# Teaching my Kid the Proper Way to Play Pattycake (Wing Chun)



## HW1 (Dec 5, 2016)

As with every skill, the fastest way to learn is to turn it into play. Make it fun and they will absorb the knowledge faster than using traditional forms of teaching.


----------



## tomatokilla (Dec 5, 2016)

Awesome, I need to work on that with my kids!


----------



## frank raud (Dec 5, 2016)

Nice! My kids never like it when I throw them. Maybe I need to learn a more family friendly art.


----------



## Bino TWT (Aug 14, 2017)

Awesome vid!


----------



## Gerry Seymour (Aug 14, 2017)

HW1 said:


> As with every skill, the fastest way to learn is to turn it into play. Make it fun and they will absorb the knowledge faster than using traditional forms of teaching.


I'm an outsider to WC, so I'm a bit in the dark here. How is that more "play" than "traditional forms of teaching"?


----------



## HW1 (Aug 14, 2017)

gpseymour said:


> I'm an outsider to WC, so I'm a bit in the dark here. How is that more "play" than "traditional forms of teaching"?
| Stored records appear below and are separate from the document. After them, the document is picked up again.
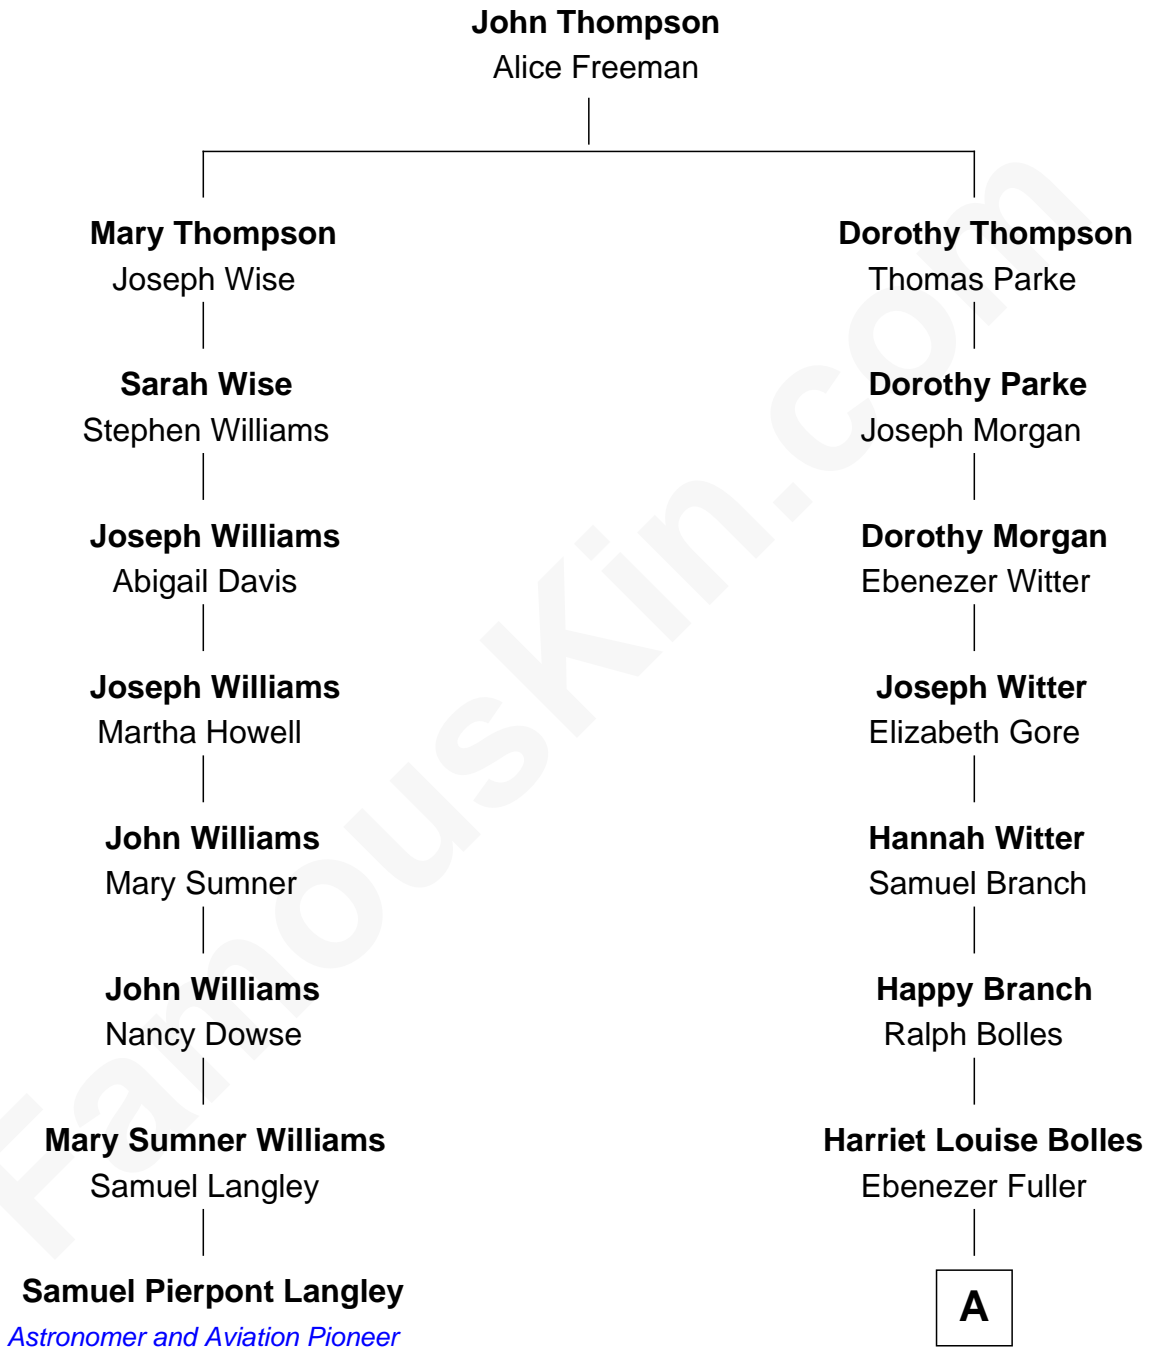

FamousKin.com
Relationship Chart of
Samuel Pierpont Langley
Astronomer and Aviation Pioneer

7th cousin 1 time removed of

Alvan T. Fuller
50th Governor of Massachusetts

A

Alvan Bond Fuller
Flora Arabella Tufts

Alvan T. Fuller
50th Governor of Massachusetts

FamousKin.com
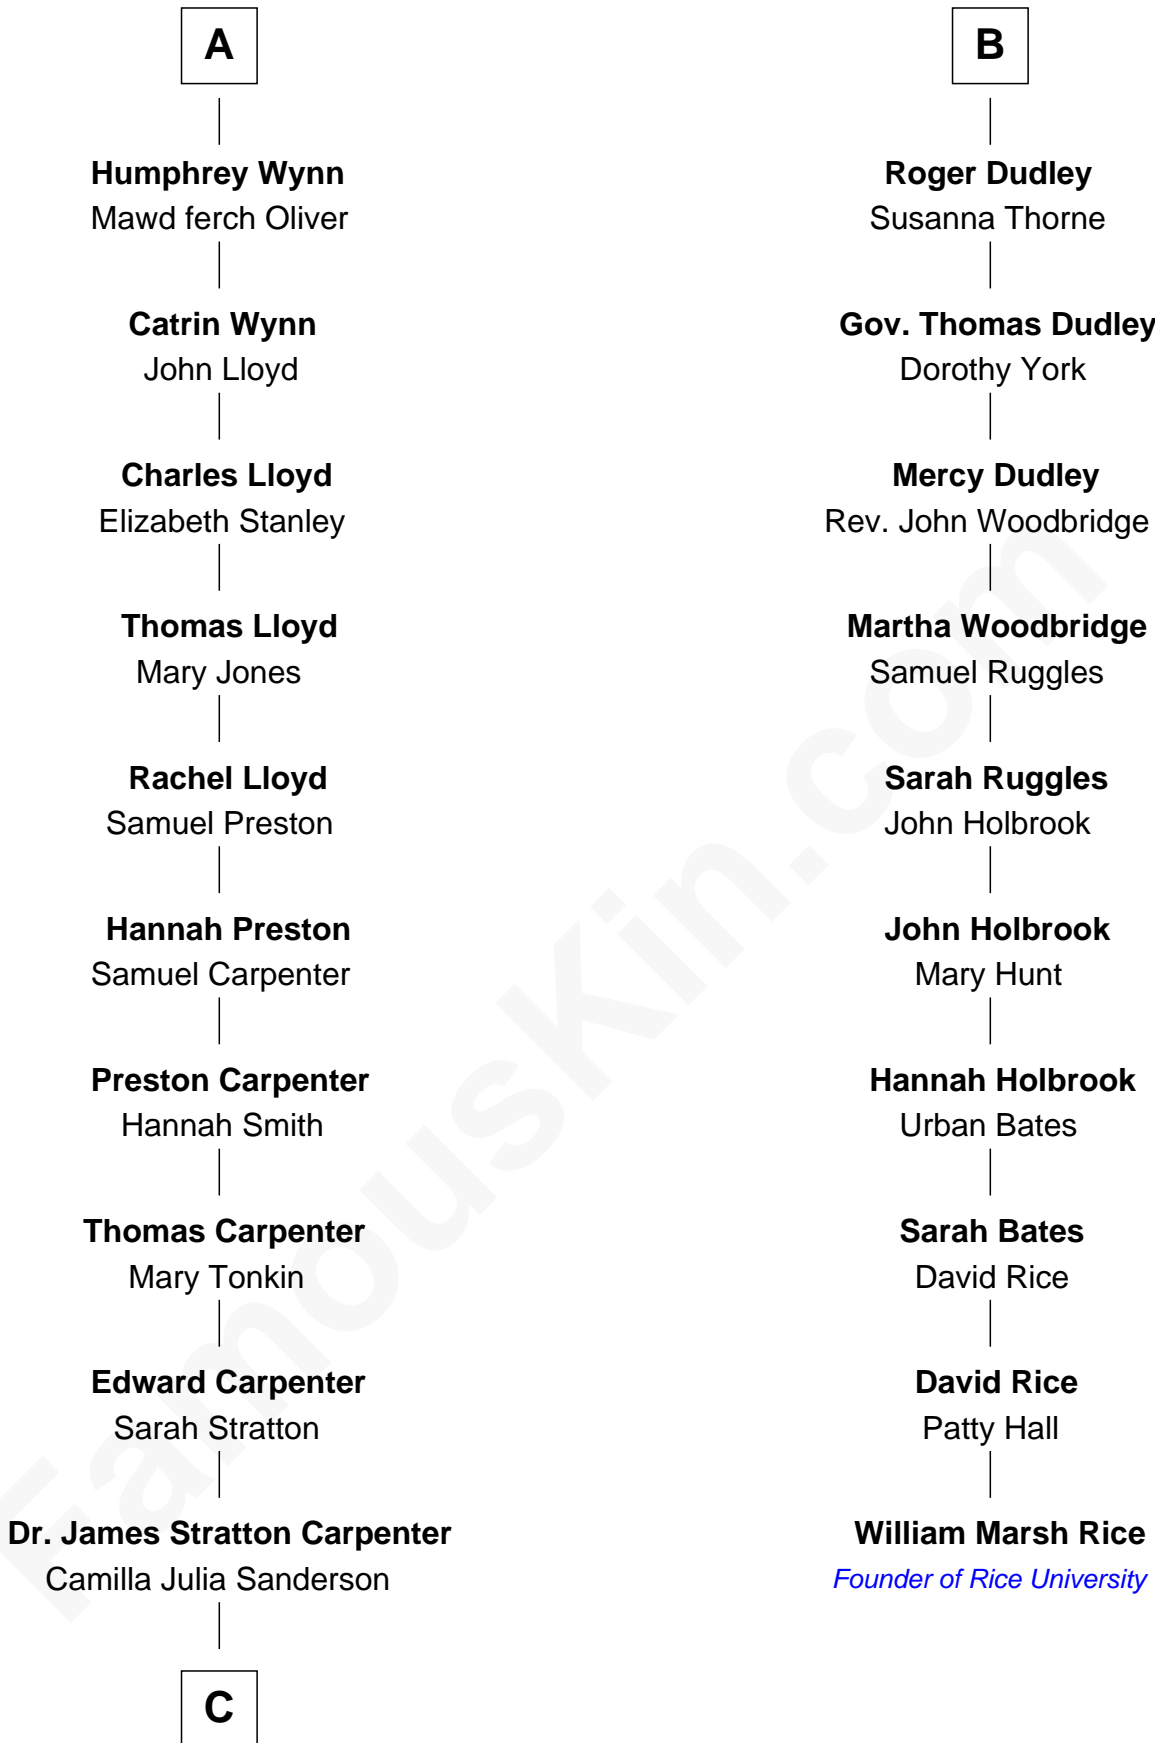

**FamousKin.com**  
**Relationship Chart of**  
**Mary Chapin Carpenter**  
*Singer and Songwriter*

16th cousin 5 times removed of

**William Marsh Rice**  
*Founder of Rice University*

**C**

—  
**Dr. John Thomas Carpenter**

Eliza Adelaide Hill

—  
**Dr. James Stratton Carpenter**

Lillian Louise Chapin

—  
**Chapin Carpenter**

Ruth Smythe

—  
**Chapin Carpenter**

Mary Bowie Robertson

—  
**Mary Chapin Carpenter**

*Singer and Songwriter*

FamousKin.com
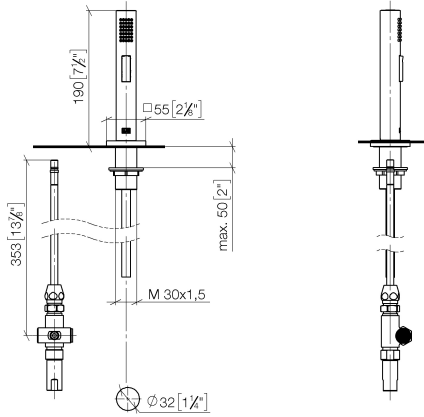

Rinsing spray set - Dark Chrome

LOT

27 722 970

- with angular rosette
- spray flow
- automatic spout/shower diverter
- height of mixer 189 mm
- hole diameter rinsing spray 32mm
- fabric braided hose 1500 mm
- sprayface with anti-scaling system
- lead-free

Can only be combined with 32800680, 32843680.

Intrinsic protection against back flow.

|   |                                |               |
|---|--------------------------------|---------------|
|   | Dark Chrome                    | 27 722 970-19 |
|   | Chrome                         | 27 722 970-00 |
|   | Brushed Platinum               | 27 722 970-06 |
|   | Platinum                       | 27 722 970-08 |
|   | Durabronze (23kt Gold)         | 27 722 970-09 |
|   | Brushed Durabronze (23kt Gold) | 27 722 970-28 |
|   | Brushed Champagne (22kt Gold)  | 27 722 970-46 |
|   | Champagne (22kt Gold)          | 27 722 970-47 |
|   | Brushed Chrome                 | 27 722 970-93 |
|  | Brushed Dark Platinum          | 27 722 970-99 |

27 722 970

mm [inches]

Flow rate chart

Codes & Standards

DIN 4109

ISO 3822

NSF372

NSF61

It's how I introduce concepts and techniques to her. I present it as a game or a challenge as in "Can you copy what I do?" or "I wanna see how fast you can trap my arms and get me." No pressure to learn anything, just have fun. Achievements and improvements receive praise and mistakes are celebrated (as in the end of the video where you accidentally gave me a high-five.) That's it. Like a video game, if you mess up, start from your last checkpoint.


----------



## Gerry Seymour (Aug 14, 2017)

HW1 said:


> It's how I introduce concepts and techniques to her. I present it as a game or a challenge as in "Can you copy what I do?" or "I wanna see how fast you can trap my arms and get me." No pressure to learn anything, just have fun. Achievements and improvements receive praise and mistakes are celebrated (as in the end of the video where you accidentally gave me a high-five.) That's it. Like a video game, if you mess up, start from your last checkpoint.


That's not far outside some of my training experiences, in how TMA often teach kids, and (with a bit less "game" to it) how many teach adults, too. Copy what I do, now try this thing and let's get it faster. Good training tools.


----------